HOW TO COMPLETE THIS TASK → Select and reproduce each line of the listing below that bears the string "Mercedes".

DATA EXCERPTS →
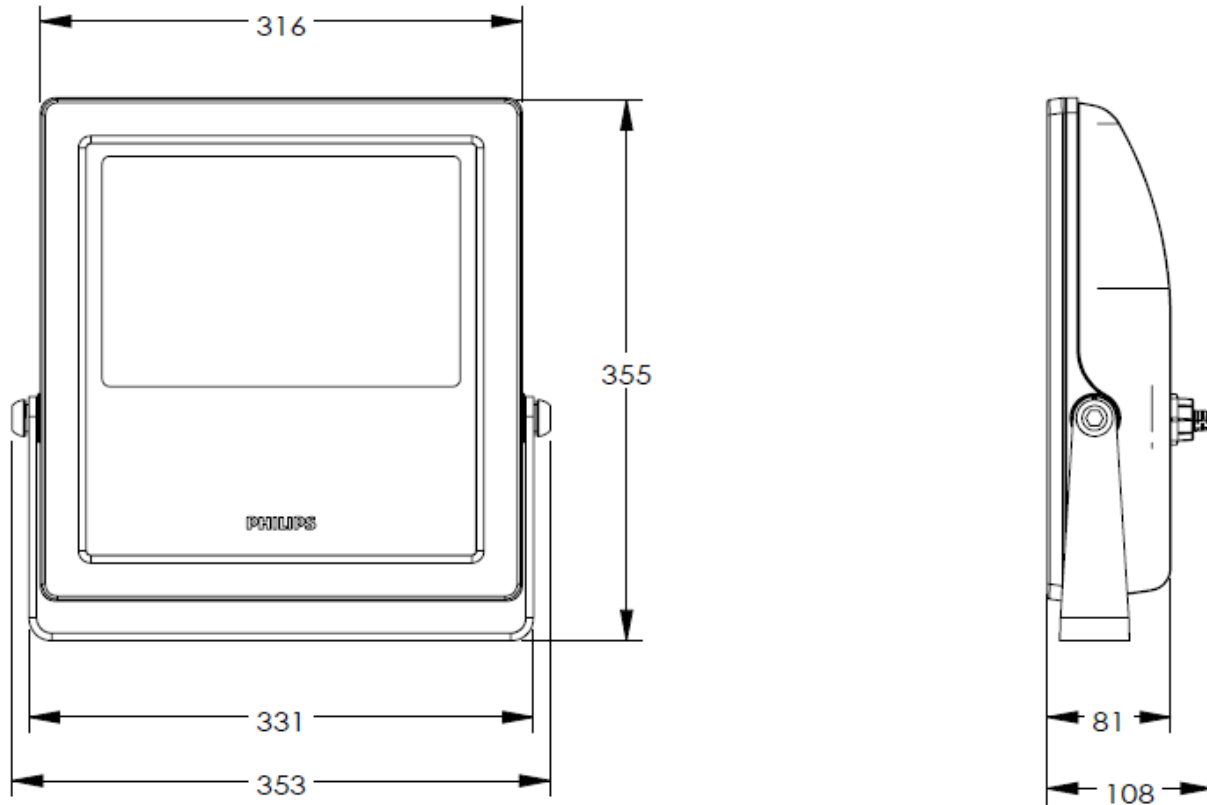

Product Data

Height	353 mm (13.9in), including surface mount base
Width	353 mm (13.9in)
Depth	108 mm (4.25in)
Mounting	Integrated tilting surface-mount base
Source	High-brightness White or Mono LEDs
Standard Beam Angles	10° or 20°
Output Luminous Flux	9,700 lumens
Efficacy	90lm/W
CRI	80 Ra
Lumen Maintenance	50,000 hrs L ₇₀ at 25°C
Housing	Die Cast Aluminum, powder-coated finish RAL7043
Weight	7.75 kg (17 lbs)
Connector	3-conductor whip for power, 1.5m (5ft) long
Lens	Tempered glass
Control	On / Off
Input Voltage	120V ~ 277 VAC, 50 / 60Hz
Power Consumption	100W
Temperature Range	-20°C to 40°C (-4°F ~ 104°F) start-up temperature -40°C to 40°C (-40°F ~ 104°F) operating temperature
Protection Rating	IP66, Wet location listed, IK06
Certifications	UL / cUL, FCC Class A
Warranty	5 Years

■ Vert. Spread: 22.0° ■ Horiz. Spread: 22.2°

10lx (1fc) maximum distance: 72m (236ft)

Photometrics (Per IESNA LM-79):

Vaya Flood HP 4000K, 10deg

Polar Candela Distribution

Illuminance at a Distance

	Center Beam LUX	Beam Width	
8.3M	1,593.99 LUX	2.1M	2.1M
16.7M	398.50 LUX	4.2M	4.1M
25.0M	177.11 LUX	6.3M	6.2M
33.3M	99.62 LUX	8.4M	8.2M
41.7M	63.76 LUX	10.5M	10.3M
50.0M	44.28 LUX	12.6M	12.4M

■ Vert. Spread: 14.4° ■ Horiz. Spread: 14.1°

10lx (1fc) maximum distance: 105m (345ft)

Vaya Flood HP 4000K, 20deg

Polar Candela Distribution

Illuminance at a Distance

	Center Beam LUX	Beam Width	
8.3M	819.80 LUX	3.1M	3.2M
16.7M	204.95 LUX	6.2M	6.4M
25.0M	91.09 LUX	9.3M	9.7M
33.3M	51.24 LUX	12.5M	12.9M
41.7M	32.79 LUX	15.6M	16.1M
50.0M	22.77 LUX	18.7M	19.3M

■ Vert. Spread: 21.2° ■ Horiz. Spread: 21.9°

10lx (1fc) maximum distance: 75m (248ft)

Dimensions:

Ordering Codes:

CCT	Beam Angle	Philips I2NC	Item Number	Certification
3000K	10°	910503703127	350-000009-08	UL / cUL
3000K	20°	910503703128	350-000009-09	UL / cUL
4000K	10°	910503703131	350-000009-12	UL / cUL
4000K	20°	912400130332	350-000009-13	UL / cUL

...

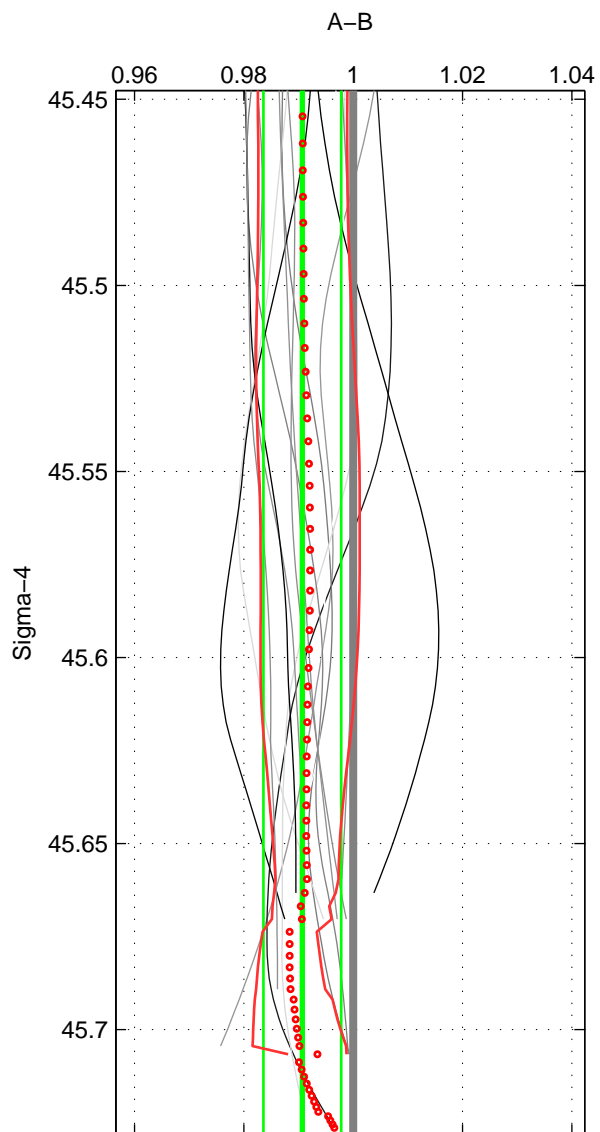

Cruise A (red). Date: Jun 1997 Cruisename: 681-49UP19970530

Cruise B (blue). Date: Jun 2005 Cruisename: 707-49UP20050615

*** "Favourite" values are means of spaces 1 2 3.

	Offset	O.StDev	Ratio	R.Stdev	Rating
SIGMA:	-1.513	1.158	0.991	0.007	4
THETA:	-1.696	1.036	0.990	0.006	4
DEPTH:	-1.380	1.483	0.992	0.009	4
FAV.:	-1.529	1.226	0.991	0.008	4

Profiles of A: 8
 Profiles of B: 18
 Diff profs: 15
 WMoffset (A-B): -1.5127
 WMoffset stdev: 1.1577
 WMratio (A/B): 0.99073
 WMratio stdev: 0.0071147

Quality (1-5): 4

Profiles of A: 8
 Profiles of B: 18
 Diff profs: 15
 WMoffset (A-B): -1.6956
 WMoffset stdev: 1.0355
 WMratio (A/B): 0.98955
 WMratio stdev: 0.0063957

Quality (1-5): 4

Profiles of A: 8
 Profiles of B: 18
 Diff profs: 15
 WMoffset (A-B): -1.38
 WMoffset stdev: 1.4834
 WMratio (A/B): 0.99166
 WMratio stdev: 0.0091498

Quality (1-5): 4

---

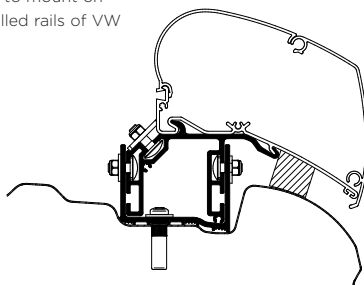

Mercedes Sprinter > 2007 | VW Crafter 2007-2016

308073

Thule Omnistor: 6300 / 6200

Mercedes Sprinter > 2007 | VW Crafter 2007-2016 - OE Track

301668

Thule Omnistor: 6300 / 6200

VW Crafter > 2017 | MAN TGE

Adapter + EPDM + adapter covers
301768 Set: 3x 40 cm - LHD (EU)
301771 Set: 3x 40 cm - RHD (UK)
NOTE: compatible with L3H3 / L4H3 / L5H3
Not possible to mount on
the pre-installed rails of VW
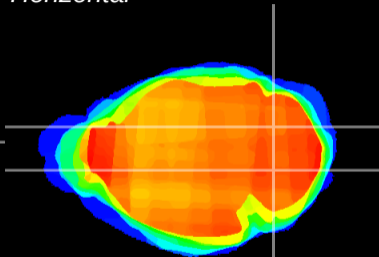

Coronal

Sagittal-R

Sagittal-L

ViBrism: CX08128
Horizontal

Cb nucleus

TASK OUTPUT →
Mercedes Sprinter > 2007 | VW Crafter 2007-2016
Mercedes Sprinter > 2007 | VW Crafter 2007-2016 - OE Track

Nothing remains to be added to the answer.